Your smile train is absolutely adorable! Your work is excellent my dear. The Smile Train Charity is our families favorite charity! God Bless you for making such a wonderful item, and your charitable endeavors! :thumbup: :thumbup: :thumbup: :thumbup:


----------



## Sewbizgirl (May 11, 2011)

Adorable! I love that charity too. Hope you sell a bunch of patterns!


----------



## vjh1530 (Oct 8, 2011)

You are such a great designer as well as a kind soul! Great charity! Best of luck with it!


----------



## Rainebo (Apr 22, 2012)

raindancer said:


> Your smile train is absolutely adorable! Your work is excellent my dear. The Smile Train Charity is our families favorite charity! God Bless you for making such a wonderful item, and your charitable endeavors! :thumbup: :thumbup: :thumbup: :thumbup:


Oh, thank you ever so much!

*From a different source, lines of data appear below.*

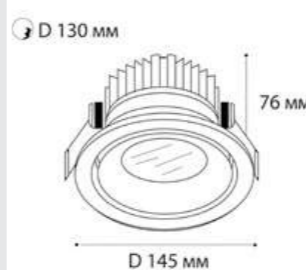

LED модуль 20W
3000K / 2400 lm / 36°
IP20
Цвет: белый

IT06-6018 WHITE 4000K
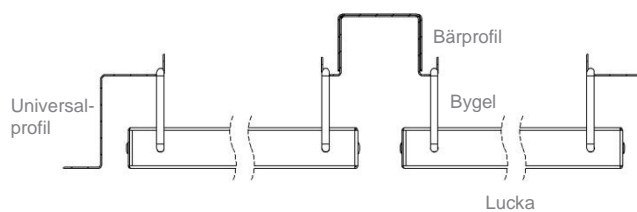

Huvudöversikt FlexPassage – sett underifrån

System- och montageöversikt - FlexPassage**Huvudöversikt FlexPassage – detaljer och genomskärningar****A. Systemöversikt, undersida – detalj panel kopplad mot bärprofil och universalprofil****B. Genomskärning – lucka mot bärprofil och universalprofil****C. Genomskärning - lucka mot bärprofil**

Komponenter - FlexPassage

Komplett lucka med byglar och 20 mm mineralullsskiva

Ram med byglar - monteringsats bestående av två ramdelar och två byglar.

Material: Aluminium

Kulör: Vit

Bredd: 570 - 580 mm

Längd: 600 - 2000 mm

So very kind of you!


----------



## Rainebo (Apr 22, 2012)

vjh1530 said:


> You are such a great designer as well as a kind soul! Great charity! Best of luck with it!


Aw, thanks so much!


----------



## Rainebo (Apr 22, 2012)

Sewbizgirl said:


> Adorable! I love that charity too. Hope you sell a bunch of patterns!


Thanks! I hope so, too! :wink:


----------



## Tove (Oct 27, 2012)

Now wouldn't that look awesome on the Christmas table where there are little people. A tiny sprig of Christmas on the engine and the cars filled with miniature wrapped presents - the kind of presents you can purchase that are shiny paper meant for decoration.... although when 2 of my granddaughters were 3 years old they just HAD to unwrap all the decoration presents ...LOL....


----------



## Rainebo (Apr 22, 2012)

Tove said:


> Now wouldn't that look awesome on the Christmas table where there are little people. A tiny sprig of Christmas on the engine and the cars filled with miniature wrapped presents - the kind of presents you can purchase that are shiny paper meant for decoration.... although when 2 of my granddaughters were 3 years old they just HAD to unwrap all the decoration presents ...LOL....


Oh, yes! I could just picture it now! That WOULD look awesome! When I was designing it, I was thinking about my husband, who told me he always put a train around the Christmas tree when he was a kid.


----------



## birsss (Aug 16, 2011)

Lorraine, you have done it again, your train is just fabulous!!! I think you have another winner and you have channeled your talent into helping this great charity, such a wonderful thing you are doing. 

I'm off to purchase the pattern.


----------



## Rainebo (Apr 22, 2012)

birsss said:


> Lorraine, you have done it again, your train is just fabulous!!! I think you have another winner and you have channeled your talent into helping this great charity, such a wonderful thing you are doing.
> 
> I'm off to purchase the pattern.


Oh, thank you so much, Sharon!


----------



## Tove (Oct 27, 2012)

Lorraine, before I purchase the pattern, can you tell me what type of eyes you put on the engine please, safety eyes or half round buttons?

Next question is the knitting gauge, what size of needles did you use to give what numbers in a 4" x 4" patch? I realize it is not the most important item because it is not a garment that has to fit, but then again, I don't want to make it overly large.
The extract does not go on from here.